Over 90% of patients with prior abdominal surgery develop adhesions, which can cause challenges in laparoscopic surgery or increase the risk of complications34,35. Few studies have addressed the feasibility of urological laparoscopic procedures such as pyeloplasty or nephrectomy in patients with a prior history of renal interventions. Wang et al. found laparoscopic nephrectomy was feasible in such patients36. Likewise, Radfar et al. reported no difference in SFR, operating time, hospitalization, and complications for LPL between patients with previous kidney interventions and a control group37. Our study included 76 patients who had a history of prior kidney intervention for stone disease which is one of the largest in the literature. Interestingly, LPL had no adverse effects on complications or operation duration in patients with prior PCNL.

This report evaluates the performance and maturation of LPL over a long period of time. The results show that with the passage of time, there has been a decrease in hospitalization duration, operation duration, and post-operative creatinine suggesting the maturation of surgeries. Nevertheless, there have been no changes in the more important aspects of the operation, such as leakage, complications, and SFR. This result points to the fact that the performance of LPL can be safe even with moderate expertise.

In a recent meta-analysis comparing LPL, RPL, and PCNL, the mean operative time was significantly shorter in favor of PCNL. Paradoxically, the mean estimated blood loss was higher and SFR was lower in the PCNL. In addition, the study revealed no significant difference among the three surgical approaches in terms of length of stay, complications, failure, and conversion rate38.

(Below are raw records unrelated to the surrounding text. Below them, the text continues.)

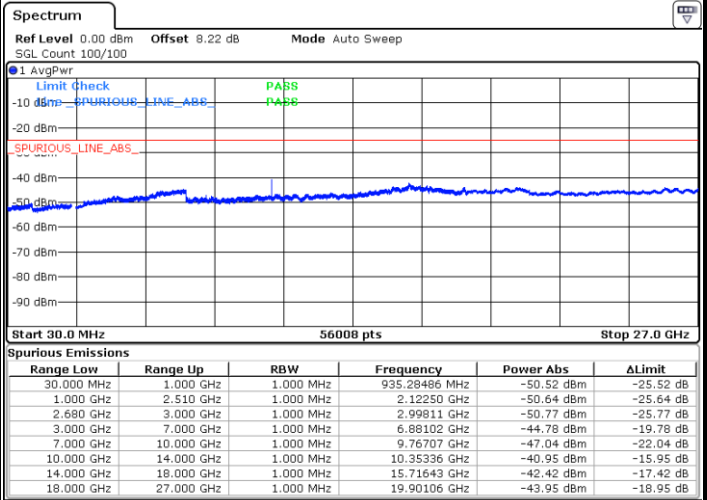

Highest Channel / 64QAM

Date: 18.JUL.2019 11:16:54

LTE Band 41 / 10MHz

Lowest Channel / 64QAM

Middle Channel / 64QAM

Date: 18.JUL.2019 11:18:18

Date: 18.JUL.2019 11:23:14

Highest Channel / 64QAM

Date: 18.JUL.2019 11:24:19

LTE Band 41 / 15MHz

Lowest Channel / 64QAM

Middle Channel / 64QAM

Date: 18 JUL 2019 11:29:37

Date: 18 JUL 2019 11:30:52

Highest Channel / 64QAM

Date: 18 JUL 2019 11:36:00

LTE Band 41 / 20MHz

Lowest Channel / 64QAM

Middle Channel / 64QAM

Date: 18.JUL.2019 11:39:16

Date: 18.JUL.2019 11:43:37

Highest Channel / 64QAM

Date: 18.JUL.2019 11:45:06

LTE Band 66 / 1.4MHz
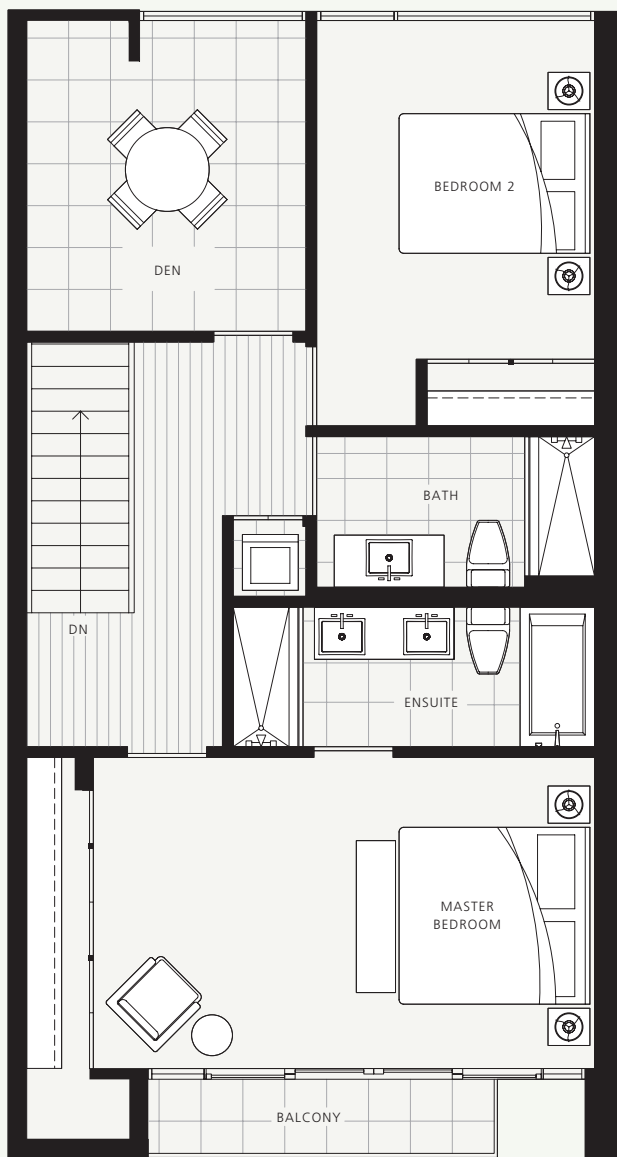

EveLYN

An Inspiration of
ARTHUR ERICKSON

PLAN TH ESTATES

2 Bedroom + Den
1697 – 1742 SF Living
135 – 305 SF Balcony / Terrace

- 1 Bosch gas cooktop with hood fan
- 2 Subzero refrigerator
- 3 Bosch wall oven & Panasonic built-in microwave
- 4 Bosch dishwasher
- 5 Eggersmann of Germany wood cabinetry

UPPER FLOOR
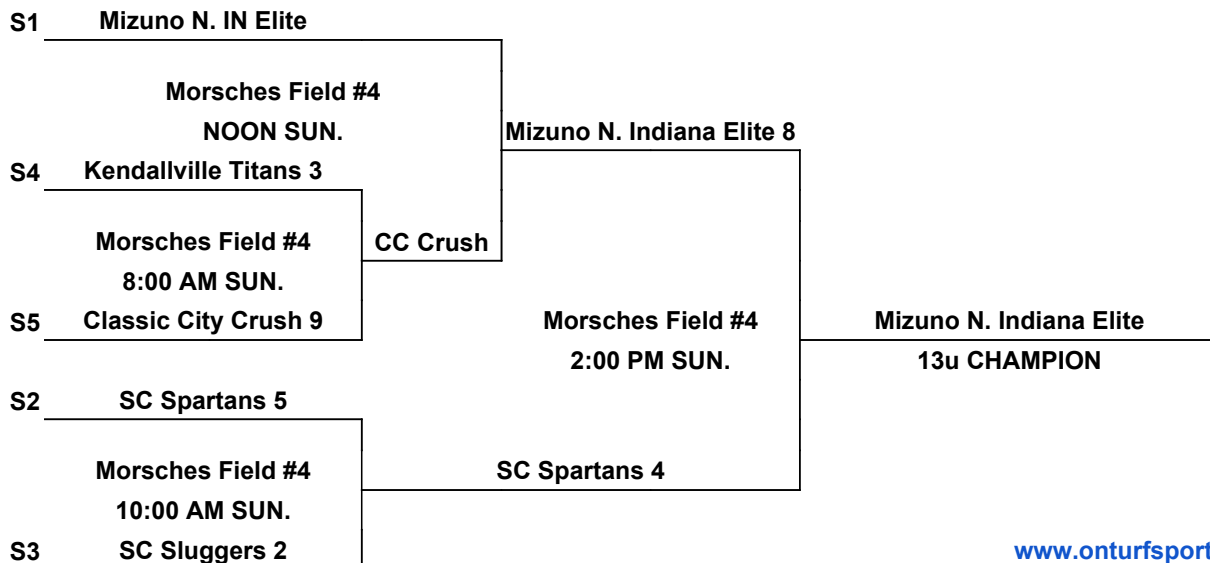

International Tie Breaker - Start inning with last recorded batted out as Runner on 2nd Base with No outs.

SINGLE ELIMINATION BRACKET

www.onturfsports.com

Check out the Game Scores Online
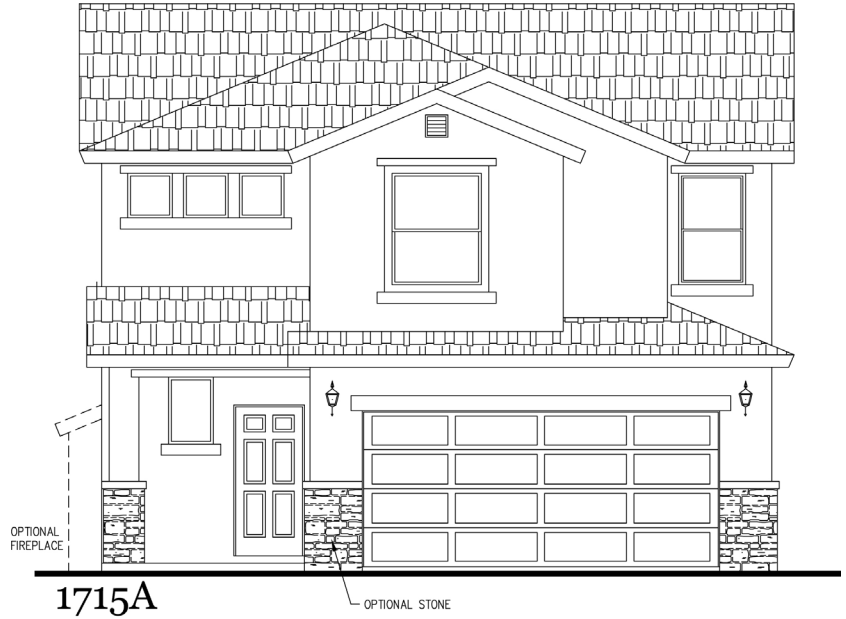

The Robert

1,715 Square Feet

3 Bedrooms + a Loft • 2.5 Baths

**DESERT
VIEW
HOMES**

7910 Gateway East, Suite 102, El Paso, TX 79915 • P: 915-591-6319 • F: 915-591-5451

DesertViewHomes.com

The best move you'll ever make.

The Robert

1,715 Square Feet

3 Bedrooms + a Loft • 2.5 Baths

1715 2ND FLOOR PLAN

OPT. M. BATH

1715 1ST FLOOR PLAN

*Please Note: the enclosed materials are reproduced from artist's renderings. All measurements shown are approximate. Location, size, and existence of doors, windows, walls, fireplaces, showers, and any other items depicted may vary depending on exterior preference or choice of options. Prices, plans, benefits, and locations are subject to change without notice. **Floor plans, features, options/upgrades, and benefits vary by community. See the Sales Specialist for more details.**
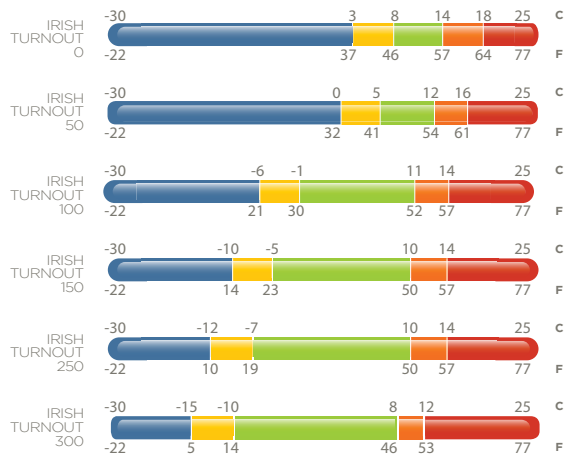

Irish Turnout

The **Irish Turnout** rug is a performance rug that gives value for money and super flexibility to suit your horse's needs.

The Irish Range comes with a silky, breathable Dermo-care lining that helps to keep the skin and coat of the horse healthy and smooth.

A wide variety of Bucas insulations, 0g - 300g, makes this range of turnout rugs versatile for horse owners. The robust 1200D Ripstop outer means your horse is well protected from the weather. Another great feature of the Irish is the range of styles - Classic Cut with a Neck sold separately, High Neck, Big Neck and a Turnout + Neck set option.

The Irish Turnout 300 and 50 are available in Black, sizes 85/3'6 - 170/7'2 and 125/5'6 - 170/7'2 in Navy. Irish 300 High Neck, 250, 100, 50 + Neck and 0 in Black only sizes 115/5'0-165/7'0. Irish Turnout 150 is available in Black and Navy in sizes 115/5'0 - 165/7'0 and the 50 Big Neck are available in Black and sizes 125/5'6-165/7'0.

Recommended Temperature Ranges*

* Actual range depends on many factors, including - clipped/unclipped - sunshine - humidity - wind - horse activity

Features Include:

- Polyester Ripstop outer, 1200D
- Waterproof > 5000 mm Hydrostatic head
- Breathable > 3000 g/24h/m²
- Dermo-care lining
- T-bar with magnetic Snap-lock closure
- Shoulder darts
- Cross surcingles
- Attachment points for leg straps
- Tail flap
- Deluxe tail cord
- Attachments for Neck on classic cut
- Connection points for use with Bucas Liners, Quilts & Coolers

- Irish Turnout 300, Dermo-care lining & 300g insulation
- Irish Turnout 250, Dermo-care lining & 250g insulation
- Irish Turnout 150, Dermo-care lining & 150g insulation
- Irish Turnout 100, Dermo-care lining & 100g insulation
- Irish Turnout 50, Dermo-care lining & 50g insulation
- Irish Turnout 0, Dermo-care lining
- Irish Turnout Neck, Stay-dry fleece with Dermo-care lining
- Irish Turnout Neck 300, Dermo-care lining & 300g insulation

Product Codes:

- 654 Irish Turnout 300
- 653 Irish Turnout 300 High Neck
- 676 Irish Turnout 250
- 659 Irish Turnout 150
- 323 Irish Turnout 100
- 656 Irish Turnout 50
- 665 Irish Turnout 0
- 536 Irish Turnout 50 + Neck Set
- 655 Irish Turnout 50 High Neck
- 308 Irish Turnout 50 Big Neck
- 683 Irish Turnout Neck
- 685 Irish Turnout Neck 300
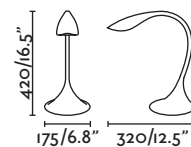

Serp NEW

- 50065 ● black/negro
- 50066 ● matt white/blanco mate
- 50067 ● copper/cobre

LED SMD 4W 3000K 220lm CRI>80 Driver ✓

Body Metal

INDOOR DESK

Touch Dimmer

Greta

- 52072 ○ white/blanco
- 52077 ● grey/gris

LED SMD 4W 3000K 430lm CRI>80 Driver ✓

Body Aluminium+Silicone+Polycarbonate/
Aluminio+Silicona+Polycarbonato

↔ USB charger

Switch

Touch Dimmer

Lena

- 52057 ○ white/blanco
- 52058 ● black/negro

LED SMD 3W 4000K 300lm CRI>80 Driver ✓

Body Aluminium+Polycarbonate+Silicone/
Aluminio+Polycarbonato+Silicona
Diff Glass/Cristal

Electronic Adaptateur
11V 350mA ✓

Switch

Otto

- 52064 ● black/negro
- 52065 ○ white/blanco

LED SMD 6W 4000K 550lm CRI>80 Driver ✓

Body Metal+Polycarbonate+Silicone/
Metal+Polycarbonato+Silicona

1,8MT
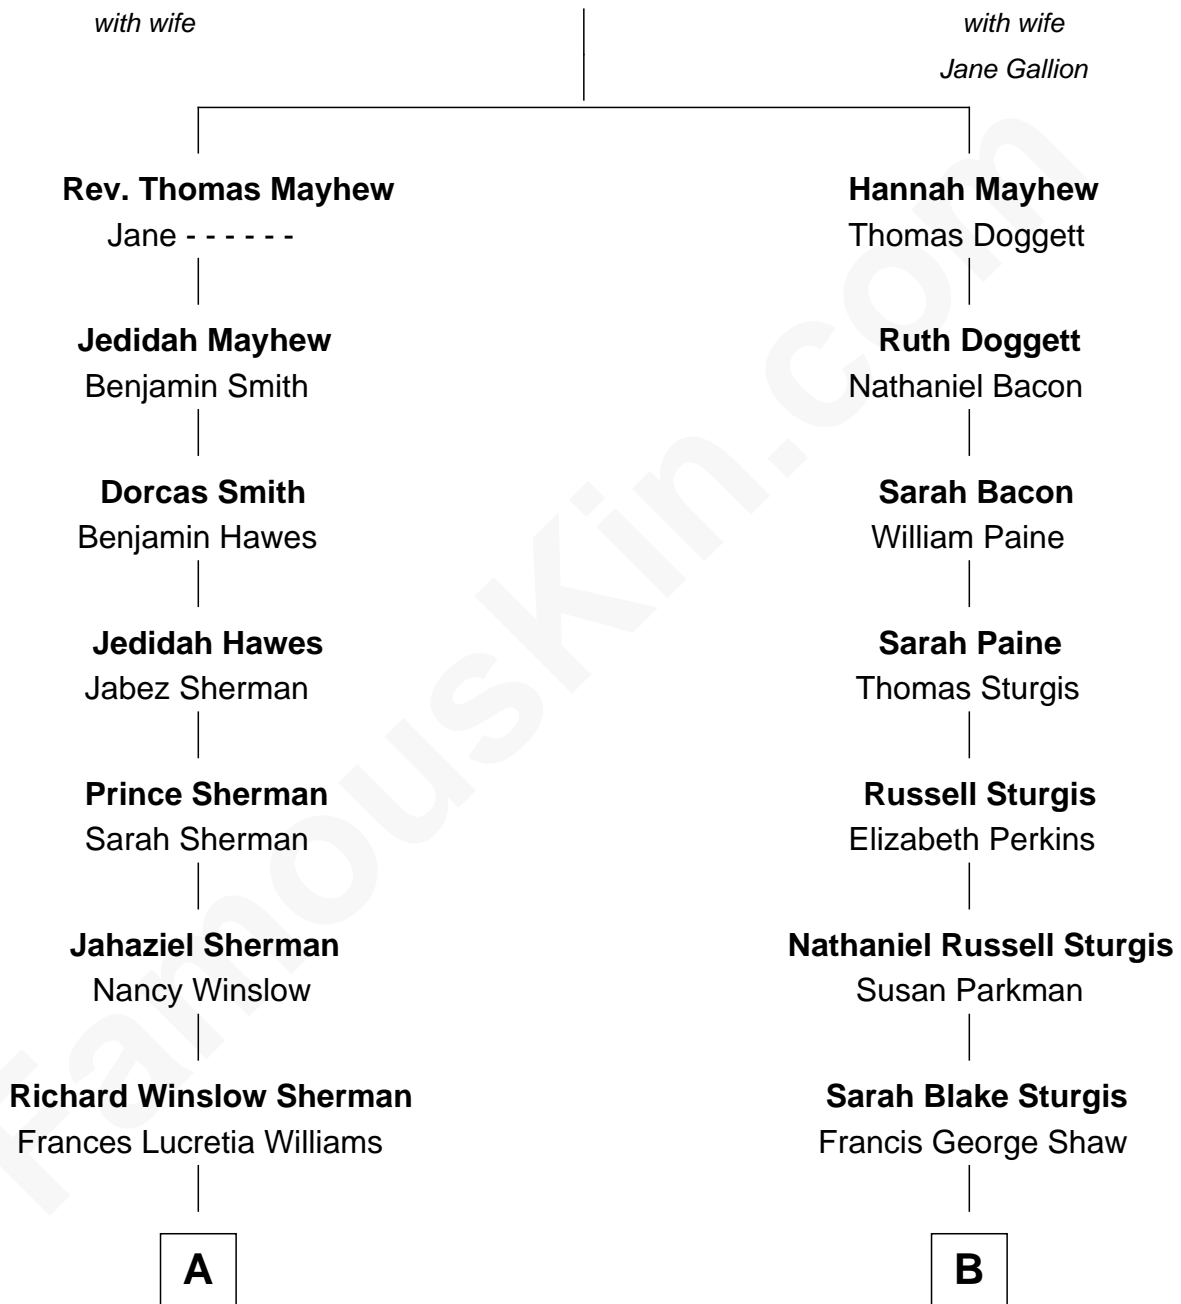

FamousKin.com Relationship Chart of

James Sherman

27th U.S. Vice-President

8th cousin 3 times removed of

Kyra Sedgwick

TV and Movie Actress

Gov. Thomas Mayhew

A

Mary Frances Sherman
Richard Updike Sherman

James Sherman
27th U.S. Vice-President

B

Susanna Shaw
Robert Bowne Minturn

Sarah May Minturn
Henry Dwight Sedgwick

Robert Minturn Sedgwick
Helen Peabody

Henry Dwight Sedgwick
Patricia Ann Rosenwald

The limitations of this study are worth mentioning. This was a single-center retrospective study of prospectively gathered data. There are biases relevant to retrospective studies in our study, most notably the selection and recall bias. Further prospective studies with comparator groups and long-term follow-up are recommended to verify the results of the current study. Another limitation is the absence of a comparison group. We compared the results of LPL in this report with our previous reports on PCNL or publications of other researchers. Nevertheless, this study provides data on a large scale and range of patients over a long period of time and sheds light on some specific properties of the LPL operation that have not been investigated before.

Conclusion

This study included a large number of cases with extensive diversity in age, stone burden, and renal anatomy. Performing LPL is feasible in carefully selected geriatric patients with similar SFR and complication rates in adult patients. The outcomes of LPL for kidneys with staghorn or multiple stones are satisfactory. LPL can also be applied for kidneys with abnormal anatomy or for solitary kidneys. The authors conclude that LPL can be considered in any age group and in patients with kidney abnormalities as an alternative surgical approach to PCNL or RIRS, given that relevant expertise is available.